Lindsay Sabadosa is an American activist and politician. She is the first woman to hold the 1st Hampshire district seat in the Massachusetts House of Representatives.

Early life 
Lindsay Sabadosa has her AB from Wellesley College and her MSc from the University of Edinburgh. She was the recipient of the Wellesley-Yenching Program Fellowship, which led her to spend a year in Nanjing, China as a fellow at Ginling College at Nanjing University.

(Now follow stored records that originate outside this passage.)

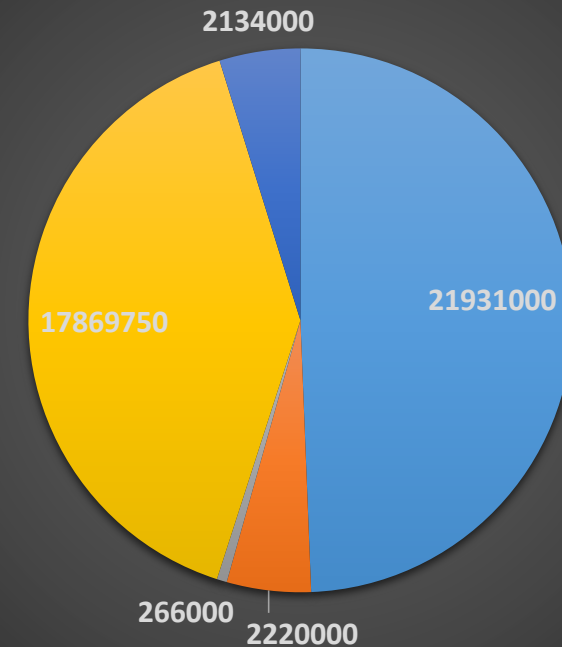

Instalasi Pelabuhan Perikanan Pantai Paiton Probolinggo

Jum'at, 1 Maret 2019

Ringkasan Informasi Data Produksi Perikanan Harian

No.	Nama Kapal	Jenis Alat Tangkap	Jenis Ikan	Volume (Kg)	Harga (Rp./Kg)	Nilai Produksi (Rp.)
1	KMN. JAWARA	PURSE SEINE	Kembung	133	7000	931000
2	KMN. BRASIL	PURSE SEINE	Cumi-cumi	74	30000	2220000
		PURSE SEINE	Peperek	133	2000	266000
3	KMN. BALI MURNI	PURSE SEINE	Layang deles	267	8750	2336250
4	KMN. SINAR MULYO	PURSE SEINE	Layang deles	400	8500	3400000
5	KMN. MANIS	PURSE SEINE	Layang deles	400	8500	3400000
6	KMN. SATRIA	PURSE SEINE	Kembung	533	7500	3997500
7	KMN. BAROKAH	PURSE SEINE	Layang deles	667	7500	5002500
8	KMN. SAUDI	PURSE SEINE	Japuh	1067	2000	2134000
		PURSE SEINE	Kembung	1467	7500	11002500
		PURSE SEINE	Layang deles	533	7000	3731000
9	KMN. BERLIAN	PURSE SEINE	Kembung	800	7500	6000000
Total				6.474		44.420.750

Instalasi Pelabuhan Perikanan Pantai Paiton Probolinggo

Jum'at, 1 Maret 2019

Ringkasan Informasi Data Produksi Perikanan Harian

Volume Produksi Ikan (Kg)

■ Kembung ■ Cumi - cumi ■ Peperek ■ Layang Deles ■ Japuh

Nilai Produksi Ikan (Rp)

■ Kembung ■ Cumi - cumi ■ Peperek ■ Layang Deles ■ Japuh

She later moved to Italy where she worked in Marketing & Communications at CUP2000, a company in Bologna that strives to improve access and delivery of health care and provide telemedicine solutions throughout the European Union. In the same period, she opened her own small business, a translation firm, specializing in Italian and French legal and financial translation with a focus on international litigation, contract law, and finance.

Political Activity 

Sabadosa organized her first protest march at the age of nine to protest the closing of her hometown library due to budget cuts. She quickly became involved in political campaigns starting in high school, volunteering on campaigns for former Congressman John Olver, former Senator John Kerry, and several local officials. She soon began to focus her electoral work on women candidates, working for both local and state-wide women candidates, and ultimately joining the Board of Directors of Emerge Massachusetts in order to deepen and expand her interest in building benches.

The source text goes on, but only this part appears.